1. Introduction
Pattern recognition receptors (PRRs) are responsible for sensing the presence of pathogens, including viruses, since they recognise conserved features of microbes known as pathogen-associated molecular patterns (PAMPs) (Akira et al., 2006). Four different classes of PRRs have been identified: Toll-like receptors (TLRs), C-type lectin receptors (CLRs), retinoic acid-inducible gene I (RIG-I)-like receptors (RLRs), and NOD-like receptors (NLRs) (Takeuchi and Akira, 2010).
RLRs are PRRs expressed both in professional and in various non-professional immune cells, including epithelial cells (Takeuchi and Akira, 2010). RLRs play a major role in triggering and modulating antiviral immunity by detecting exogenous viral RNAs (Loo and Gale, 2011; Yoneyama et al., 2015). The RLR family is composed of retinoic acid-inducible gene I (RIG-I), melanoma differentiation-associated gene 5 (MDA5), and laboratory of genetics and physiology 2 (LGP2). RLRs localise to the cytosol, and their expression is maintained at low levels in resting cells but is greatly increased after virus infection (Loo and Gale, 2011; Chow et al., 2018). The activation of RIG-I and MDA5 is regulated by multiple ubiquitin E3 ligases of the tripartite motif (TRIM) proteins such as TRIM containing 25 (TRIM25) and Riplet (Oshiumi et al., 2013). RIG-I and MDA5 sense viral RNAs through the mitochondrial antiviral signalling (MAVS) protein (Seth et al., 2005). Although the majority of MAVS is present on the outer mitochondrial membrane (OMM), a small proportion is located in the mitochondria-associated membranes (MAMs) as well as in the peroxisomes (Goubau et al., 2013). RIG-I and MDA5 harbour caspase activation and recruitment domains (CARDs), and they bind to and activate MAVS via CARD-CARD interactions, triggering polymerisation of MAVS into prion-like structures required for antiviral signalling (Hou et al., 2011; Banoth and Cassel, 2018). Activation of MAVS on mitochondria and MAMs results in stimulation of the kinases TBK1 and IKK and, consequently, of the transcription factors IRF3, IRF7, and NF-κB for the induction of genes encoding type I and type III interferon and pro-inflammatory cytokines (Onoguchi et al., 2007; Chow et al., 2018; Ablasser and Hur, 2020). LGP2 lacks antiviral signalling activity. LGP2 has been proposed to be an accessory protein important for regulating RIG-I and MDA5 signalling (Chow et al., 2018). Indeed, LGP2 interacts with MAVS in microsomes, blocking RIG-I/MAVS. After virus infection, LGP2 is rapidly released from MAVS and redistributed to mitochondria, which correlates with IRF3 activation (Esser-Nobis et al., 2020).

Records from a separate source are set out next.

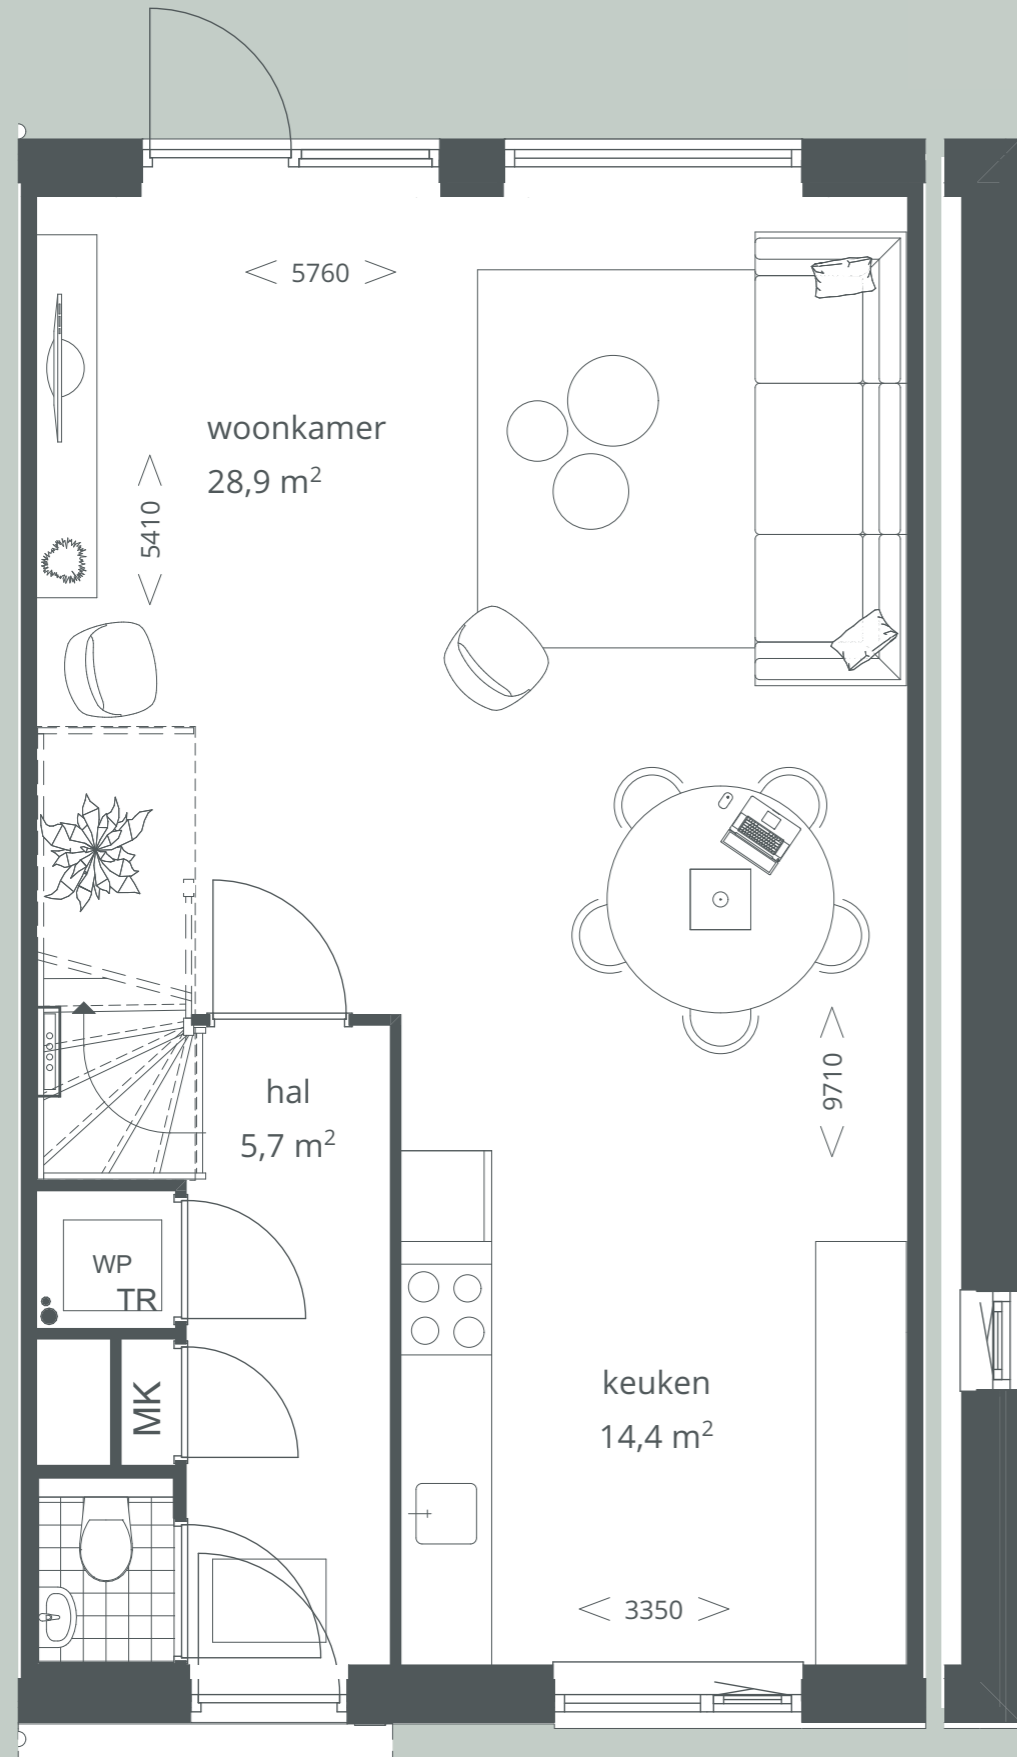

Type Tweeling  
 Begane grond  
 Schaal 1:50

Bouwnummers 60 en 62 (getekend)  
 Bouwnummers 59 en 61 (gespiegeld)

Bouwnummer 58 (getekend)  
 Bouwnummer 63 (gespiegeld)

Type Tweeling  
 1<sup>e</sup> verdieping  
 Schaal 1:50

Bouwnummers 60 en 62 (getekend)  
 Bouwnummers 59 en 61 (gespiegeld)

Bouwnummer 58 (getekend)  
 Bouwnummer 63 (gespiegeld)

Type Tweeling  
2<sup>e</sup> verdieping  
Schaal 1:50

Bouwnummers 60 en 62 (getekend)  
Bouwnummers 59 en 61 (gespiegeld)

Bouwnummer 58 (getekend)  
Bouwnummer 63 (gespiegeld)

Type Tweeling  
Opties  
Schaal 1:100

Begane grond

2<sup>e</sup> verdieping

1<sup>e</sup> verdieping

Vergroten badkamer

Besides RNA ligands from RNA viruses, RLRs recognise DNA ligands from DNA viruses as well as those derived from bacteria (Chow et al., 2018). RLRs are known to detect herpesviruses, adenoviruses, and poxviruses (Goubau et al., 2013; Chow et al., 2018; Huo et al., 2019). Recently, it has been shown that high-risk human papillomaviruses (HPVs) can downregulate RLR expression, thus creating a cellular milieu suitable for their persistence (Albertini et al., 2018).
Bovine papillomaviruses (BPVs), a heterogeneous group of species-specific viruses distributed worldwide (IARC, 2007), comprise 29 types assigned to five genera (https://pave.niaid.nih.gov/; Yamashita-Kawanishi et al. 2020). Bovine δPVs are known to infect epithelial and mesenchymal cells and are unique among BPVs to show cross-species transmission and infection (IARC, 2007). Besides skin tumours, bovine δPVs play a very important role in the bladder carcinogenesis of large ruminants, such as cattle and buffaloes (Campo et al., 1992; Roperto et al., 2013). Bovine δPVs show their transforming activity through the E5 protein, a highly conserved oncoprotein, believed to be the major δPV oncoprotein (DiMaio and Petti, 2013). E5 forms dimers and displays pathogen activity via numerous pathways in the absence of other viral genes (DiMaio and Petti, 2013). E5 can bind to the activated form of platelet-derived growth factor ß receptor (PDGFßR) (Borzacchiello et al., 2006; Roperto et al., 2013). E5 can also act via the calpain3 pathway and/or it binds to the subunit D of the V1-ATPase proton pump (Roperto et al., 2010b; Roperto et al., 2014). E6 and E7 are less studied δPV oncoproteins.
We aimed to investigate the interaction between E5 oncoprotein and E3 ubiquitin ligase TRIM25 and the downregulation of multiple downstream effectors of the host antiviral response pathway mediated by the RLRs in a spontaneous model of bovine papillomavirus disease.